The environment in which they live, the interactions with other animals or people, or direct training, are all sources of learning for puppies.
It will create a solid foundation for them to grow into adulthood. The socialization of puppies and the basic training they receive will help them grow up to be confident adults.
This guide will help you train your dog step by step.
When can you start training your puppy?
The training of a new puppy begins as soon as it is brought home. This usually happens at around 8 weeks. They can be taught basic training commands such as stay, sit and come at this age.
How to train your puppy
Start your puppy’s training with these basic tips.
Use Positive Reinforcement
You may have seen or heard of many methods for training your dog. There is, however, only one method that has been scientifically proven to be effective, which is positive reinforcement.
Positive reinforcement involves rewarding a desired behavior. The use of punishment–including harsh corrections; correcting devices such as shock, choke, and prong collars; and dominance-based handling techniques–should be avoided, because these can produce long-term consequences that result in various forms of fear and anxiety for your dog as an adult dog.
Find out what rewards your dog enjoys. You can train your puppy with a simple piece of kibble, but some puppies will find it more exciting to use a training treat.
There are also pups that do not respond to food in any way. Find a fun toy that you can reward them with when they perform well. Positive reinforcement can also be achieved by praising a pup. You may only need to pet your puppy or show excitement, and say “good work!” for the basic training of a pup.
Keep the training sessions brief, around 5 minutes, with a maximum of 15 minutes per session. End your training session with a good note to keep them excited about the next one!
Train your puppy consistently
Consistency is key when it comes to training and cues. When teaching your puppy the basic commands such as stay, sit, and come, use the same hand signals or words.

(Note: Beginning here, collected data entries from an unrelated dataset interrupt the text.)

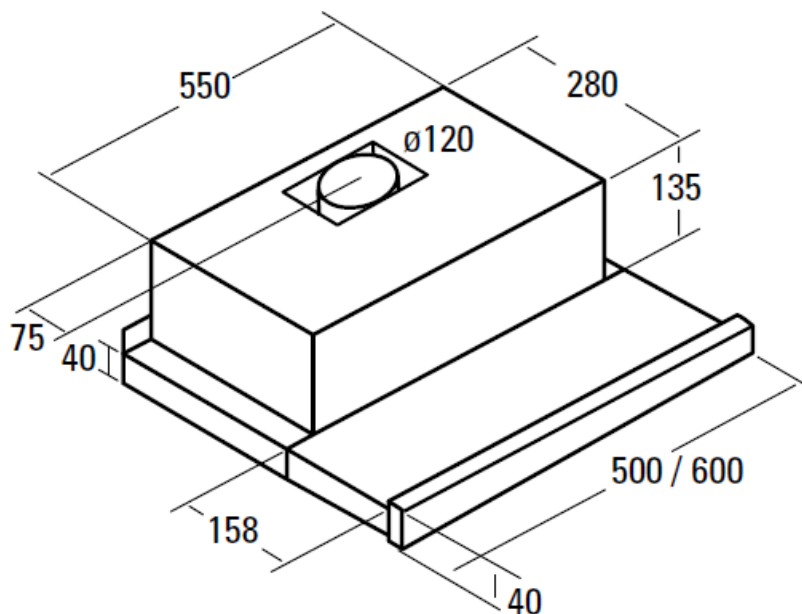

SPECIFICATION SHEET - appliances

BRAND:		Product Photo:
ORIGIN:	SPAIN	
SERIES:	TF5260X	
PRODUCT DESCRIPTION:	Traditional hood inox • with pull out mechanical push button control • 320m³/h maximum extraction capacity • 3 speeds, 2 x 90w motor • 2 x 40w lighting	
MODEL No.	0203.4310	
FINISH/COLOUR:	Finish stainless steel	
DIMENSIONS:	600 x 438mm	
OPTIONAL MATCHING PARTS:		

Technical Informations:

Voltage: 220V / 50~60 Hz

Power:

Phase: single+grounding

REMINDER:

Do not use cleaners containing abrasive cleansers, ammonia, bleach, acids, waxes, alcohol, solvents or other products not recommended for chrome.

All information is for reference only, installation shall always be based on the actual product delivered.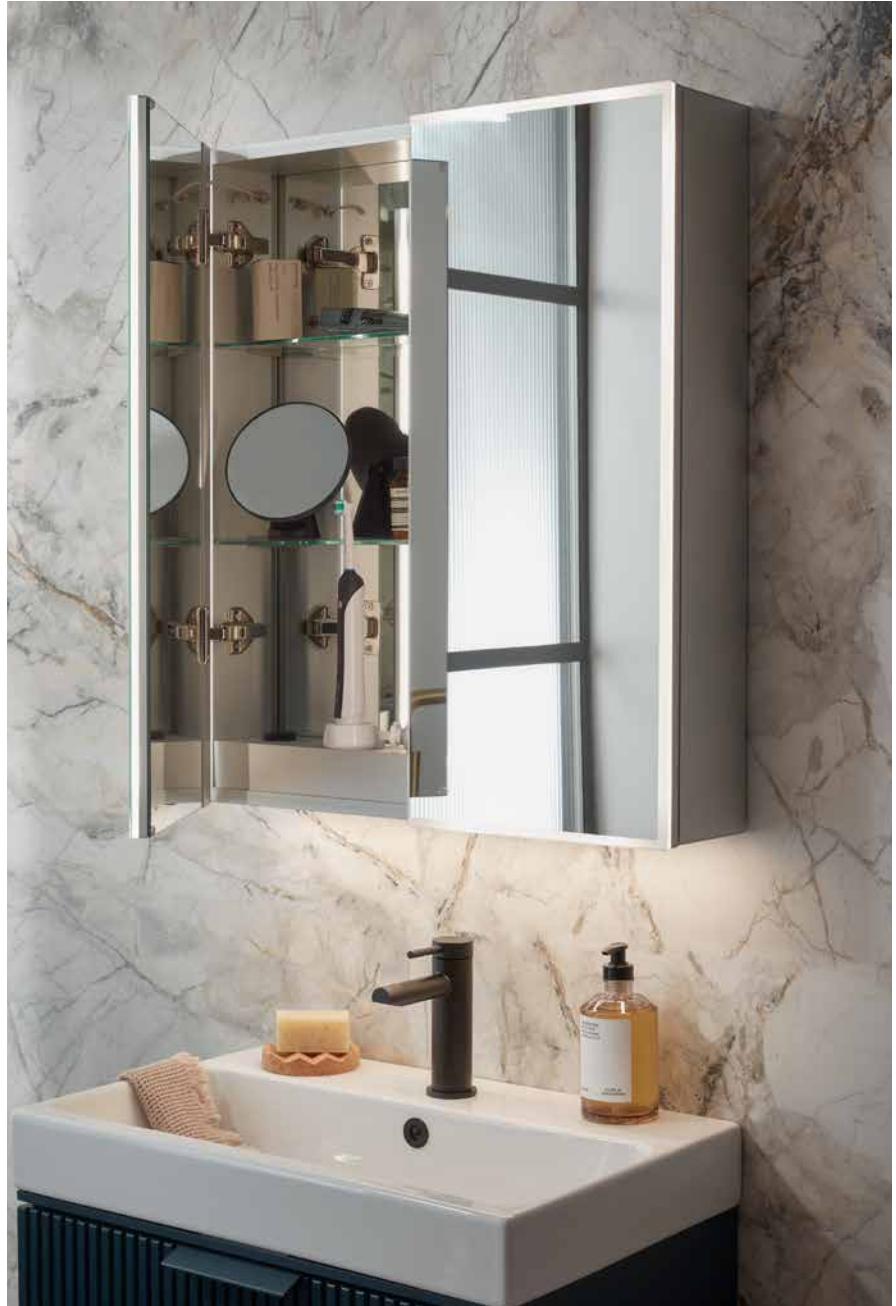

VANITY MIRROR

Novella cabinet is supplied with a handheld vanity mirror with 5x magnification. The mirror can be used handheld, clipped to shelf or freestanding.

CABINET VIDEO
Scan to see the Novella cabinet features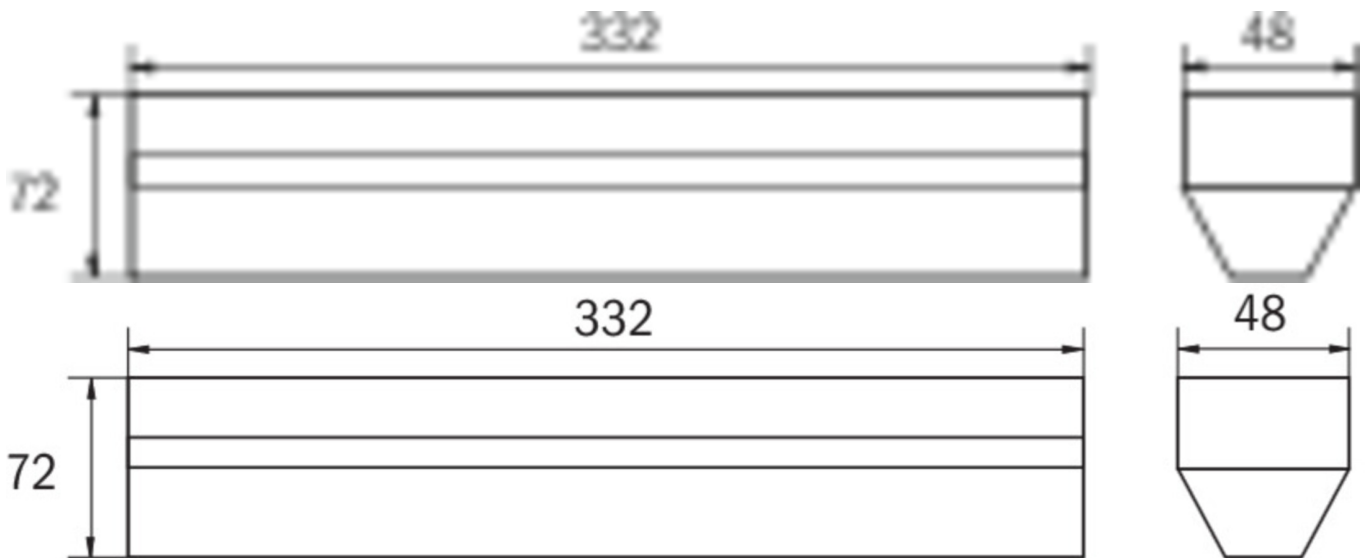

More information

www.rp-group.com/en/item/KEU423SC

TECHNICAL DATA

Luminaire type	Safety luminaire
Mounting	Universal
Pictograph	No
Housing material	Plastic
Housing color	white
Protection type (IP)	IP40
Impact resistance (IK)	≥ 3
Certification	WEEE, CE
Insulation class	2
Monitoring	SelfControl (SC)
Bridging time	3 h
Battery	6,4 V 3,3Ah Ah/
Power max.	6,7 W
Power DS	5,4 W
Power BS	0,9 W
Ambient temperature DS	-5 °C - 40 °C
Ambient temperature BS	-5 °C - 40 °C
Depth	332 mm
Width	48 mm

Height	72 mm
Weight	0.52
Weight incl. packaging	0.56
Luminous flux mains	500 lm
Luminous flux emergency	500 lm
Customs tariff number	94056120
EAN	4260766557392

TECHNICAL DRAWING

ACCESSORY LIST

- DSA - Wire suspension
- KEE-EB -
- 2PW-EB - Pendant
- 2DW-EB -
- KXBE -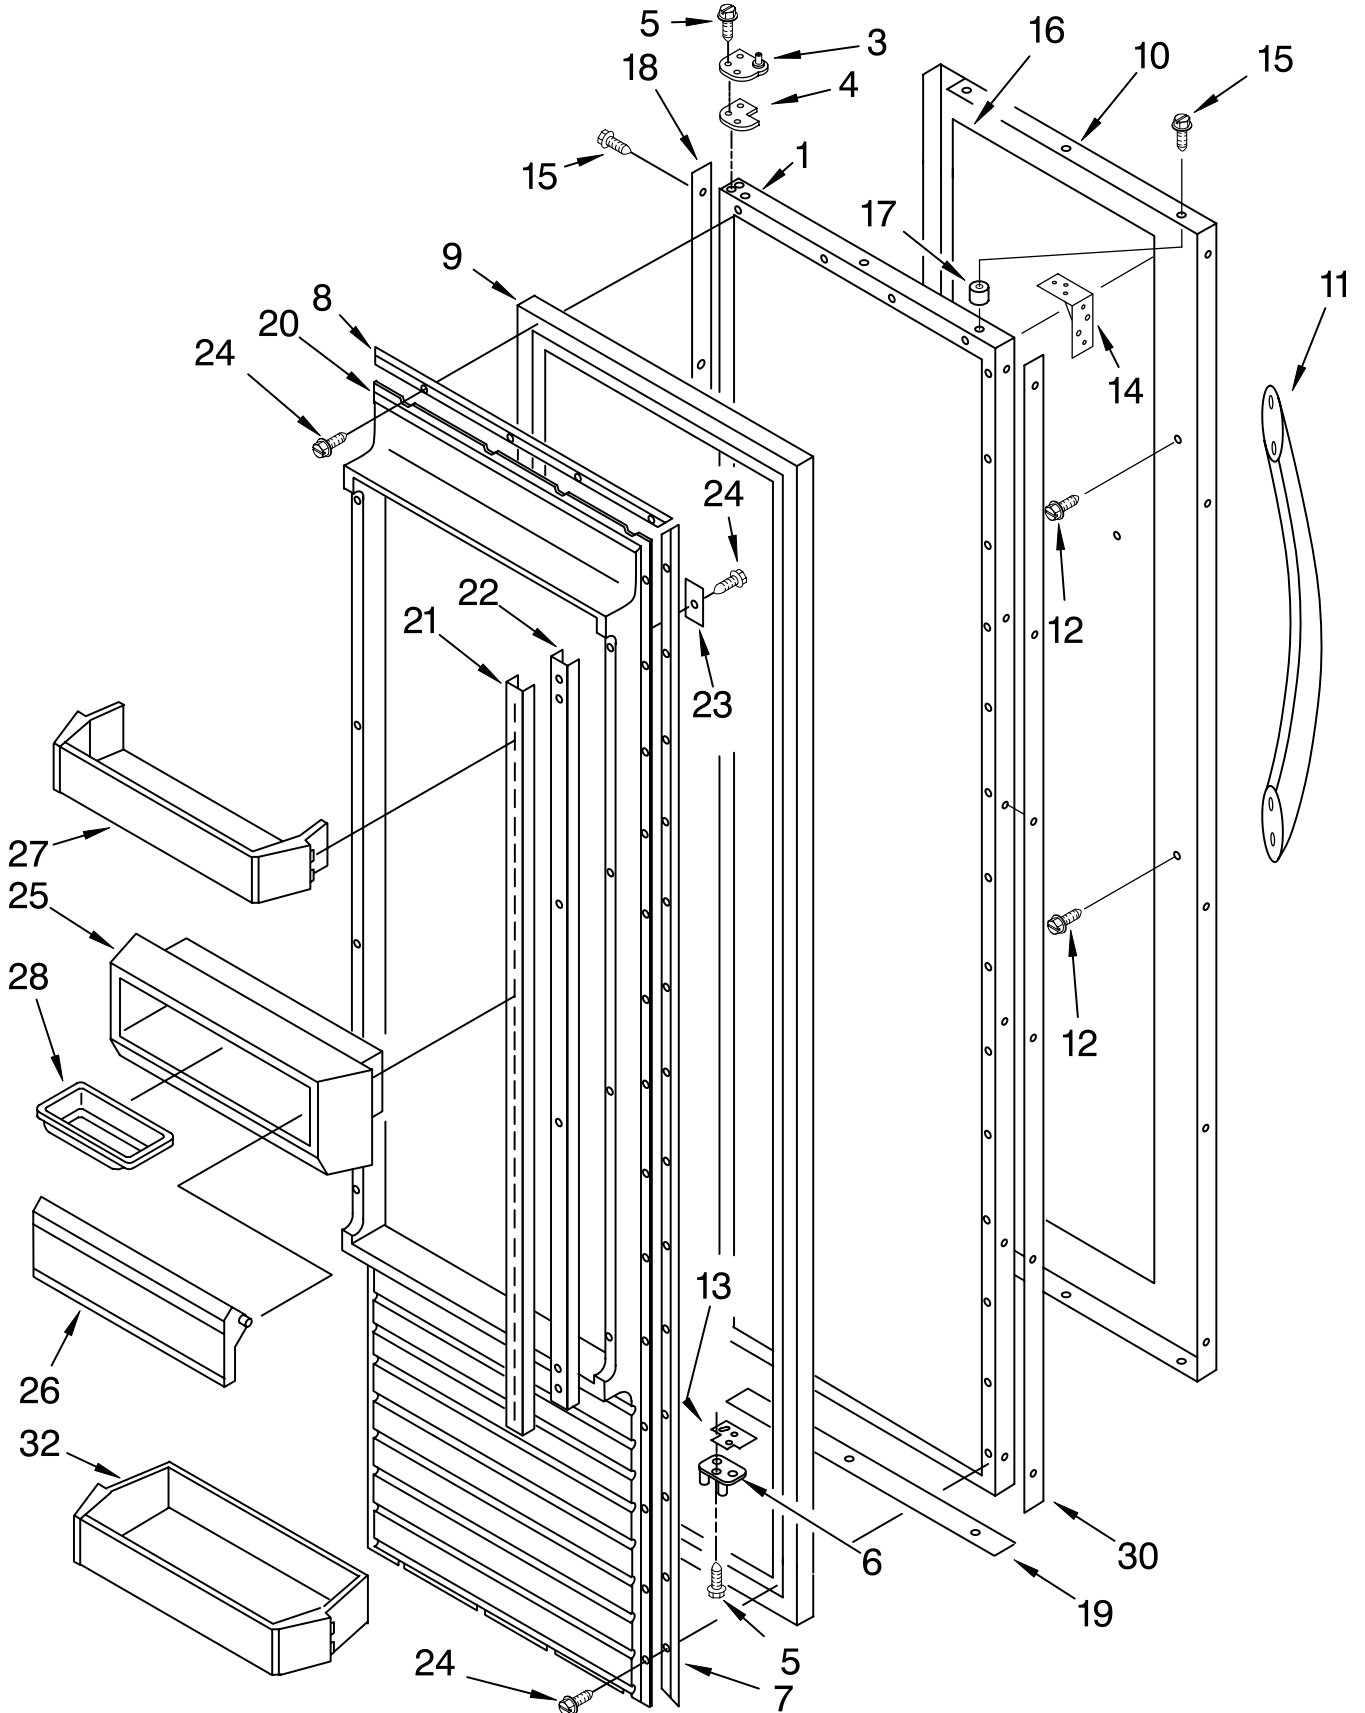

REFRIGERATOR DOOR PARTS

For Model: KSSC36QKS00
(Stainless Steel)

FOR ORDERING INFORMATION REFER TO PARTS PRICE LIST

REFRIGERATOR DOOR PARTS

For Model: KSSC36QKS00
(Stainless Steel)

Illus. No.	Part No.	DESCRIPTION
1	8201580	Refrigerator Door Panel (Includes Insulation)
3	2220922	Hinge Assembly, Top
4	2004520	Spacer-Door, Top
5	489282	Screw
6	2220809	Hinge Assembly, Bottom
7	1112533	Gasket Retainer, Side (2)
8	1112539	Gasket Retainer, Top & Bottom
9	2188497	Door Gasket, Magnetic
10	2006771	Door Skin
11	2005290	Handle, Door
12	308544	Screw
13	2004549	Door, Spacer Bottom
14	2004447	Door Brace, Corner
15	8281250	Screw
16	2005323	Filler, Door
17	2005433	Spacer, Door (Top)
18	2005030	Spacer, Door (Hinge Side)
19	2004933	Spacer, Door (Bottom)
20	1113952	Panel, Interior Door
21	1113951	Ladder, Shelf (2)
22	1112530	Retainer, Shelf Ladder (2)
23	1112514	Back Up Plate (8)
24	486194	Screw
25	1112720	Bin, Utility
26	2003463	Door, Utility Bin
27	1112745	Door Shelf (3)
28	2165792	Butter Tray
30	2221012	Spacer, Door (Handle Side)
32	2188331	Shelf, Gallon Door

FOR ORDERING INFORMATION REFER TO PARTS PRICE LIST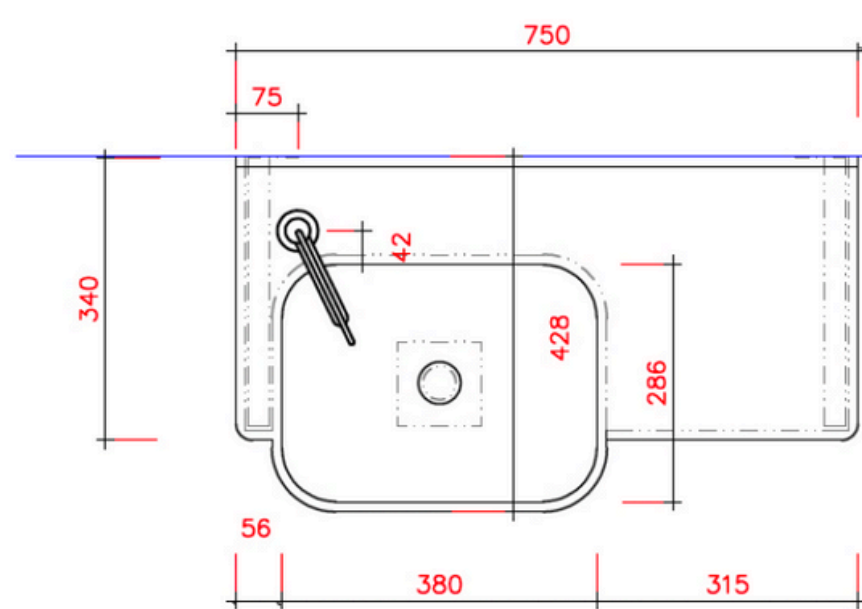

COLOR PALETTE

PRODUCT INFO

Meeting international standards, the Amore basin has been designed with great care. The single lever basin mixer, can either be placed in the centre or on the right or left side of the basin, closest to the wash closet. Crafted from solid surfacing material in a pristine white finish, this basin seamlessly blends elegance with practicality.

The position of the bowl is available middle, left & right hand side of the unit. The shelf is customizable to any length.

**L 750 x W 340/430 x D 120mm | Material** solid surfacing white | **Installation** Wall mounted with two wall brackets | **Overflow** without | **Taphole** one (centre or offset right & left hand side) | **Basin waste** included in solid surfacing material | **Fixations** 8 x wall anchors

VH900750\_LHS  
VH900750\_CN  
VH900750\_RHS

TECHNICAL SPECIFICATION

LEFT HAND BOWL

MIDDLE BOWL

RIGHT HAND BOWL

IMAGE

---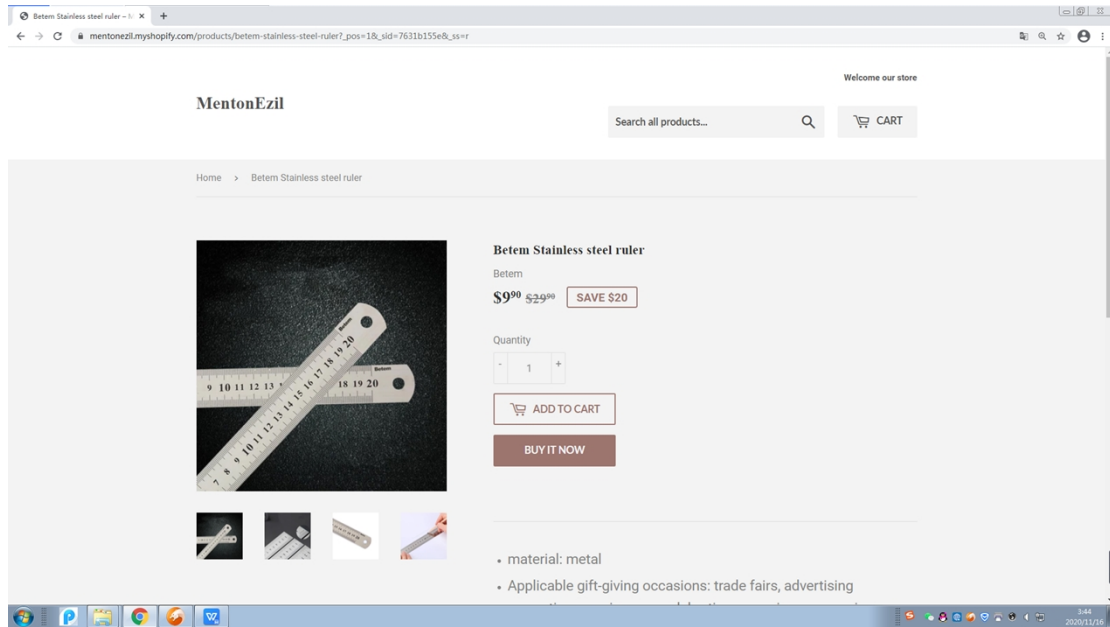

Digital image of applicant selling online.

Sales link of applicant online.

[https://mentonezil.myshopify.com/products/betem-stainless-steel-ruler?\\_pos=1&\\_sid=7631b155e&\\_ss=r](https://mentonezil.myshopify.com/products/betem-stainless-steel-ruler?_pos=1&_sid=7631b155e&_ss=r)

Sales record of applicant online.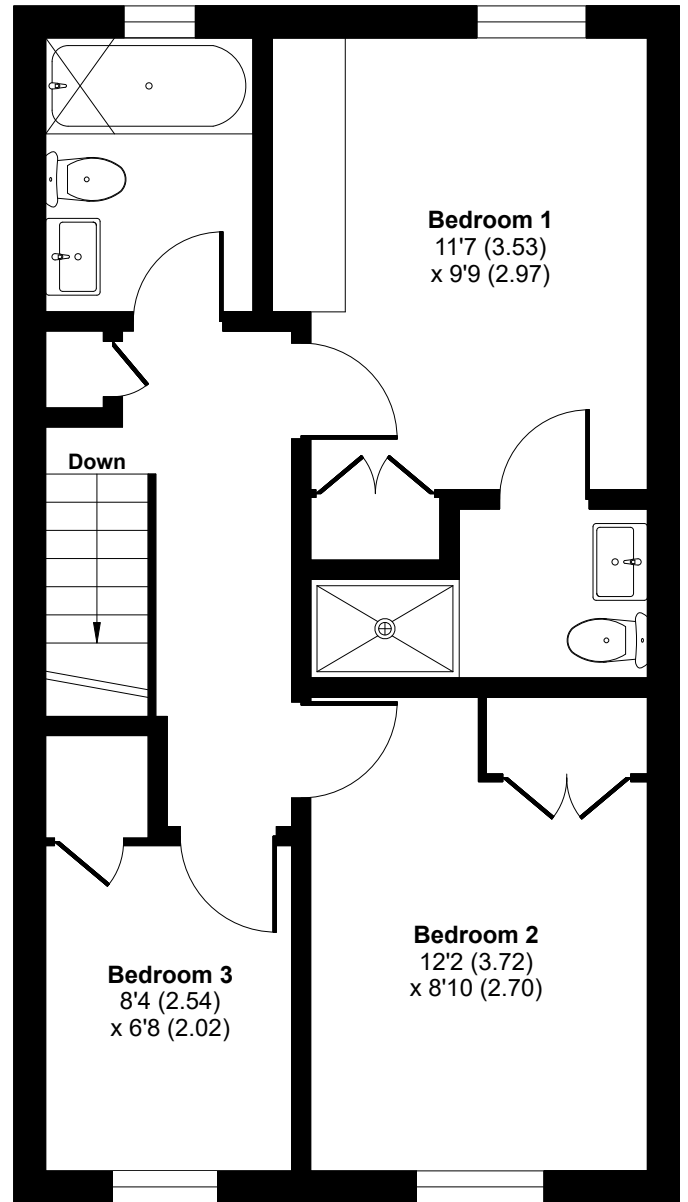

# Lily Gardens, Worthing, BN13

Approximate Area = 1034 sq ft / 96 sq m

For identification only - Not to scale

**GROUND FLOOR**

**FIRST FLOOR**

Even when the behavior is not desirable, it’s important to reward desired behaviors. If your dog is outside the door and needs to use the toilet, you should stop whatever you’re doing, let him out, then reward him for using the restroom outside.
Practice Different Environments
It is very different to train your puppy in a home environment than taking it out into a new place like a beach or park. The variety of sights and scents that they encounter will make this a very different experience.
Try to train your dog in different environments to make him confident, no matter the situation. Keep in mind that dogs should only go into areas with a large number of other dogs after they’ve completed their series of puppy vaccines.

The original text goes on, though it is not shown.